The polymers combine to form long and continuous hydrogen bond stabilized microfibrils, and in turn several microfibrils self-assemble in macrofibrils, which can be found oriented in varying directions.28 Combinations of three main polymers compose the different layers of the plant cell wall: cellulose, hemicellulose, and lignin. The cells are bound together by a middle lamella consisting of the polysaccharide pectin.2,25

Pulp and its various forms29,30 e.g. thermomechanical pulp and Kraft pulp are generally derived by the mechanical and/or chemical separation of individual CF found in cellulose rich sources such as wood or cotton. The chosen production methodology yields fibres with different compositions (e.g. cellulose, hemicellulose and lignin ratios), surface chemistries and physical properties. In the mechanical pulping process, temperature, humidity and mechanical forces are used to soften the fibres followed by their separation by shearing force with minimal loss of fibres. In the chemical pulping process, caustic alkaline chemicals are used to solubilize the lignin and most carbohydrates in the middle lamella which hold the fibres together, resulting in a lower pulp yield but in general liberating stiffer fibres. These different features affect their thermal stability and dispersibility in a polymer melt, and in turn their reinforcement effect.

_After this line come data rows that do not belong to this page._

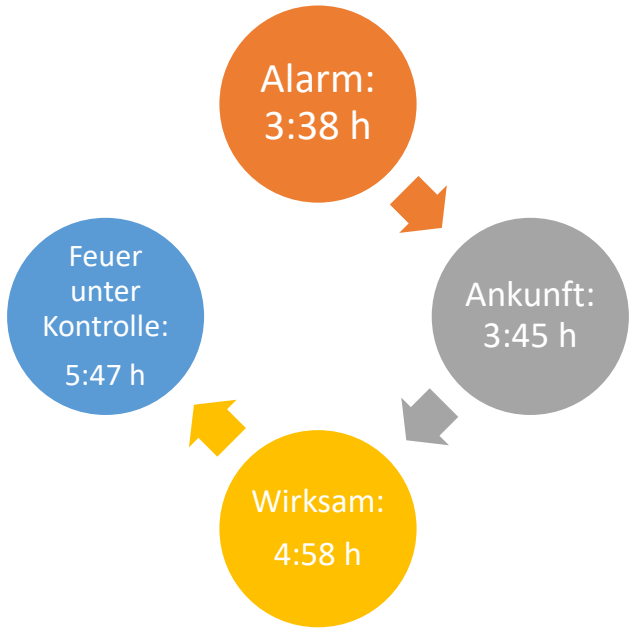

Kann frühzeitiger Einsatz von Löschschaum Gebäudeverluste minimieren?

**Brand
Fass Schmid
09.04.2021**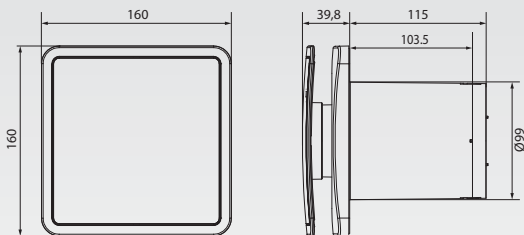

Krytie IP44

a 3-žilové 1/1,5 mm²

Nízka spotreba energie:

min. 1,6 W – max. 11,6 W

6speed 

Rozmery

Technické údaje a ceny

Produkt objednávacie číslo	Prietok vzduchu		Ak .hluk v 3 m dB(A)	Prikon min- max W	Prevád- zka	Model	Cena € vr. DPH
	m ³ /h	l/s					
Samika 100 mm*	ZLE100HT	21,6 - 122	6 - 34	25 - 45	1,6-8,9	6-rých- lostná TimerSmart HumidiSmart	195,84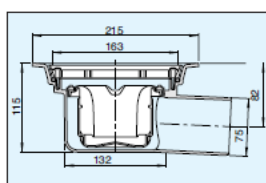

Joti gulvsluk - Plast

K-sluk, side Ø50

NRF nr:	340 16 54
Materiale:	PP svart
Kapasitet:	Minst 0,8 l/s. Produktsertifisert iht. produktstandard EN 1253
Anslutning:	Side, Ø50 mm.
Ristdimensjon:	Ø163 mm.
Øvrig:	Skrudd klemring, plastrist og vannlås er standard ved levering.

K-sluk, side Ø75

NRF nr:	340 16 55
Materiale:	PP svart
Kapasitet:	Minst 0,8 l/s. Produktsertifisert iht. produktstandard EN 1253
Anslutning:	Side, Ø75 mm.
Ristdimensjon:	Ø163 mm.
Øvrig:	Skrudd klemring, plastrist og vannlås er standard ved levering.

K-sluk, Side 45° Ø75

NRF nr:	340 16 53
Materiale:	PP svart
Kapasitet:	Minst 0,8 l/s. Produktsertifisert iht. produktstandard EN 1253
Anslutning:	Side 45 grader, Ø75 mm.
Ristdimensjon:	Ø163 mm.
Øvrig:	Skrudd klemring, plastrist og vannlås er standard ved levering.

K-sluk, bunn Ø75

NRF nr:	340 16 51
Materiale:	PP svart
Kapasitet:	Minst 0,8 l/s. Produktsertifisert iht. produktstandard EN 1253
Anslutning:	Bunn, Ø75 mm.
Ristdimensjon:	Ø163 mm.
Øvrig:	Skrudd klemring, plastrist og vannlås er standard ved levering.

Further chemical and/or mechanical deconstruction at the microfibril level results in nanocelluloses which are defined as cellulosic materials that possess at least one dimension in the nanometric scale such as “microfibrillated cellulose” (MFC) (also referred as microcrystalline cellulose, MCC), cellulose nanofibrils (CNFs), and cellulose nanocrystals (CNCs).3,23,31

Pristine morphologies of the different cellulosic materials are showed in Fig. 3, and their main properties reported in Table 1.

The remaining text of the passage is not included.